Category Archives: front bed

Garden Bloggers’ Bloom Day – November 2016

November on the Lot is always rather quiet so there is not much to post for Garden Bloggers’ Bloom Day. Today was quite cold and soggy while earlier this week it was warmer. It will be a matter of days before we get our first hard frost which will finish off the dwindling annuals.

This first set of blooms is the alyssum planted from seed between the two vegetable beds. Mom G. has this annual in her garden and it has resown itself every year.

111916_alyssum

The next bloom is from an ice plant just obtained from an end-of-summer sale and placed in the main backyard bed.

111916_iceplant

Most of the purple coneflowers have gone black and died, which was perfect decor for Halloween! However, this last bloom is hanging on.

111916_coneflower

The jupiters beard begins blooming in spring and keeps at it until the snow covers it, as evidence by the bloom below.

111916_jupitersbeard

Also still  blooming are the lamium and lavender. More blooms can be spotted over at May Dreams Gardens, the wonderful hostess of Bloom Day.

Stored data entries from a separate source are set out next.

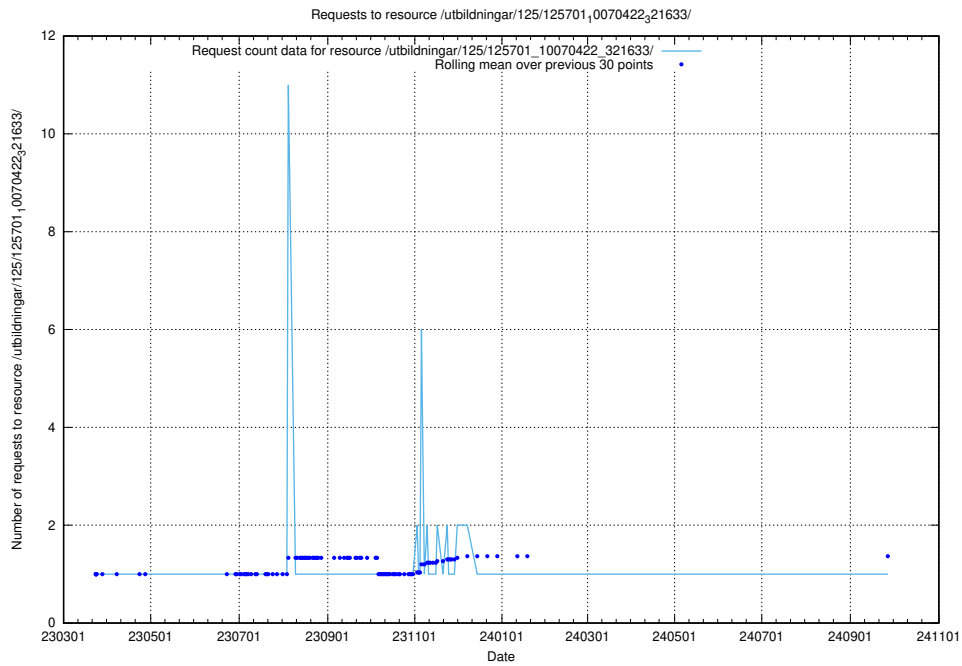

5.1113 Usage of /utbildningar/125/125701_10070422_321633/

Here, we count the number of requests to resource /utbildningar/125/125701_10070422_321633/.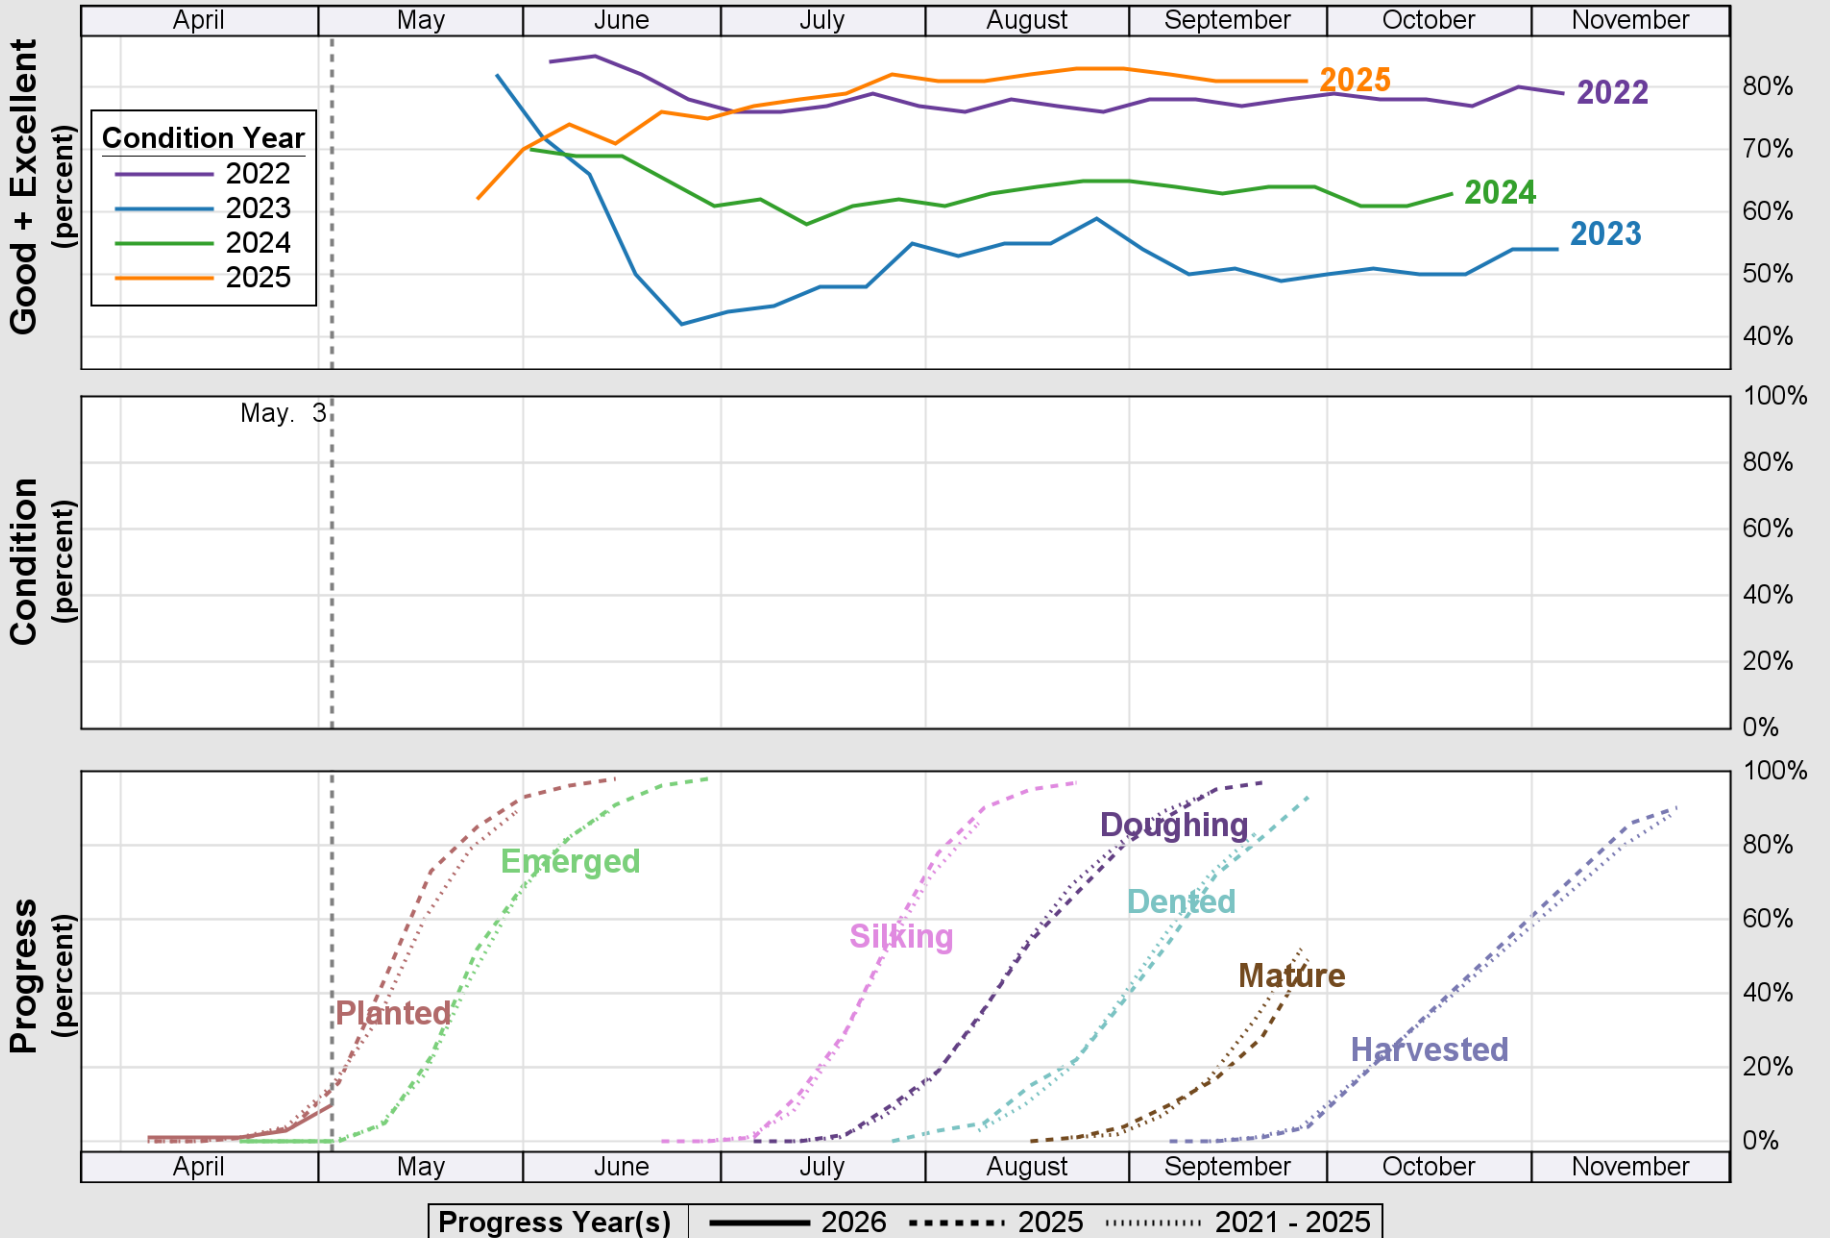

# Crop Progress and Condition: Corn in Wisconsin , 2026

NASS

Source: National Agricultural Statistics Service (NASS), Crop Progress Report

USDA

### Crop Progress and Condition: Oats in Wisconsin , 2026

NASS

Source: National Agricultural Statistics Service (NASS), Crop Progress Report

Source: National Agricultural Statistics Service (NASS), Crop Progress Report

Garden Bloggers’ Bloom Day – October 2016

October Bloom Day is here! By this time each season the garden seems to have gone wild and the amount of daylight required to maintain control is dwindling . (The gardener is also tired and beginning to eye her knitting needles.) Looking back last year, we had some warmer-than-normal weather in October. So far this year we’ve had a ton of rain in September after a hot, dry August. The lankier plants have been beat down by the heavy rains. The days are cooler and rainy, but there are still some “blooms” to be enjoyed on the Lot.

We can always count on the toad lily (Trycyrtis hirta) to bring some delicate speckles of color to the Lot in the Autumn. I’d like to find another fall-blooming plant to accompany this shade-loving perennial in the east bed near the foundation of the house.

101416_toadlilies

In the expanded bit of Loki’s bed, the swamp milkweed (Asclepias incarnata) is becoming streaked with color because of the cooler nights. The lavender it shares its bed with is still blooming and is way larger than the gardener had planned. Rats.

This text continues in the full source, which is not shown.